Within the records that follow, find every line containing the string "Highest". Copy those lines.
━━━ Source records ━━━
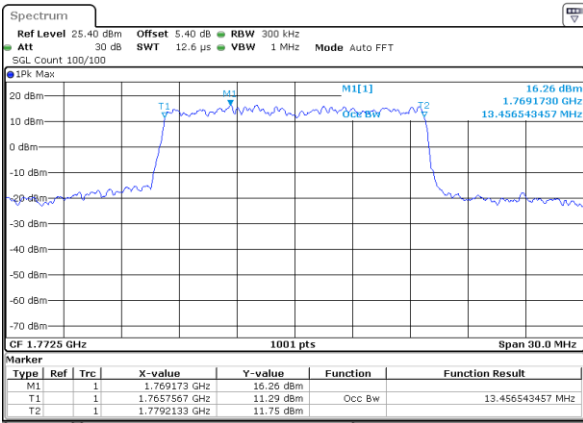

Date: 9 JUL 2019 17:11:20

Highest Channel / 10MHz / 16QAM

Date: 9 JUL 2019 17:11:51

LTE Band 66

Lowest Channel / 15MHz / QPSK

Date: 9 JUL 2019 17:14:25

Lowest Channel / 15MHz / 16QAM

Date: 9 JUL 2019 17:14:58

Middle Channel / 15MHz / QPSK

Date: 9 JUL 2019 17:21:56

Middle Channel / 15MHz / 16QAM

Date: 9 JUL 2019 17:21:55

Highest Channel / 15MHz / QPSK

Date: 9 JUL 2019 17:23:47

Highest Channel / 15MHz / 16QAM

Date: 9 JUL 2019 17:24:27

LTE Band 66

Lowest Channel / 20MHz / QPSK

Date: 9 JUL 2019 17:29:55

Lowest Channel / 20MHz / 16QAM

Date: 9 JUL 2019 17:30:33

Middle Channel / 20MHz / QPSK

Date: 9 JUL 2019 17:38:10

Middle Channel / 20MHz / 16QAM
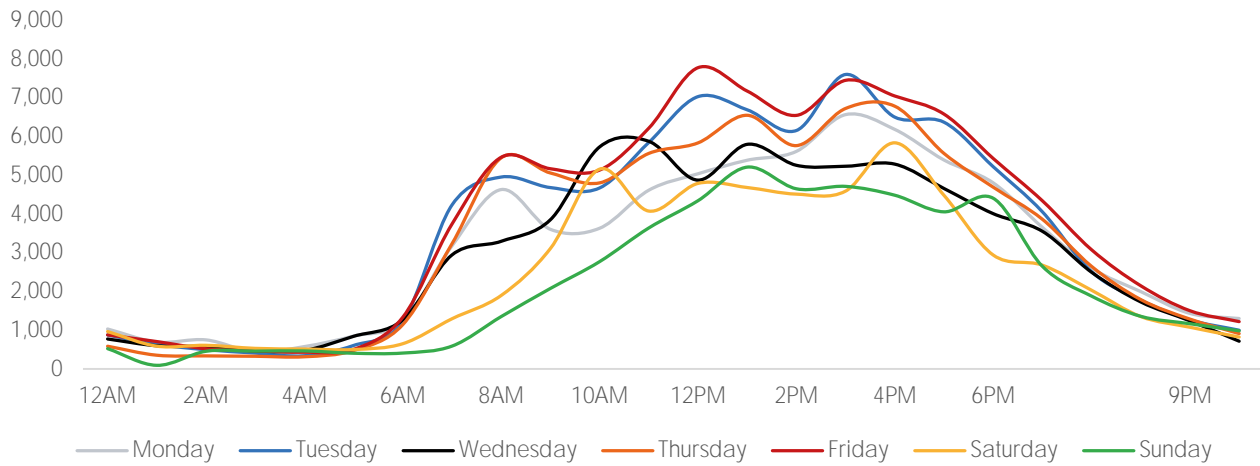

Visitors by Day (All Locations)

% Share of Visitors by Day

Visitors by Day Part - Weekend

Visitors by Day Part - Weekday

Day Parts are calculated using the following time periods:
 Morning 06:00AM - 10:59AM
 Lunch 11:00AM - 1:59PM
 Afternoon 2:00PM - 4:59PM
 Early Evening 5:00PM - 7:59PM
 Evening 8:00PM - 11:59PM

Long Term Trend by Week

Visitors by Hour

	Monday	Tuesday	Wednesday	Thursday	Friday	Saturday	Sunday
6:00	1,229	1,222	1,265	1,143	1,334	651	410
7:00	3,176	4,230	2,942	3,230	3,738	1,295	589
8:00	4,629	4,952	3,294	5,447	5,463	1,896	1,351
9:00	3,603	4,680	3,850	5,057	5,166	3,107	2,077
10:00	3,630	4,670	5,729	4,801	5,131	5,156	2,769
11:00	4,612	5,844	5,874	5,562	6,213	4,074	3,638
12:00	5,036	7,027	4,872	5,833	7,774	4,788	4,341
13:00	5,386	6,687	5,796	6,546	7,171	4,682	5,208
14:00	5,614	6,153	5,255	5,763	6,543	4,511	4,649
15:00	6,563	7,599	5,231	6,722	7,448	4,589	4,711
16:00	6,181	6,498	5,285	6,780	7,043	5,835	4,483
17:00	5,391	6,367	4,656	5,561	6,576	4,480	4,054
18:00	4,802	5,219	4,007	4,691	5,432	2,940	4,405
19:00	3,653	4,055	3,552	3,862	4,339	2,678	2,648
20:00	2,602	2,508	2,495	2,647	3,075	2,030	1,879
21:00	1,996	1,774	1,729	1,790	2,146	1,351	1,358
22:00	1,432	1,266	1,240	1,286	1,502	1,076	1,167
23:00	1,301	999	715	912	1,221	823	984
━━━
▶ _Answer box_:
Highest Channel / 10MHz / 16QAM
Highest Channel / 15MHz / QPSK
Highest Channel / 15MHz / 16QAM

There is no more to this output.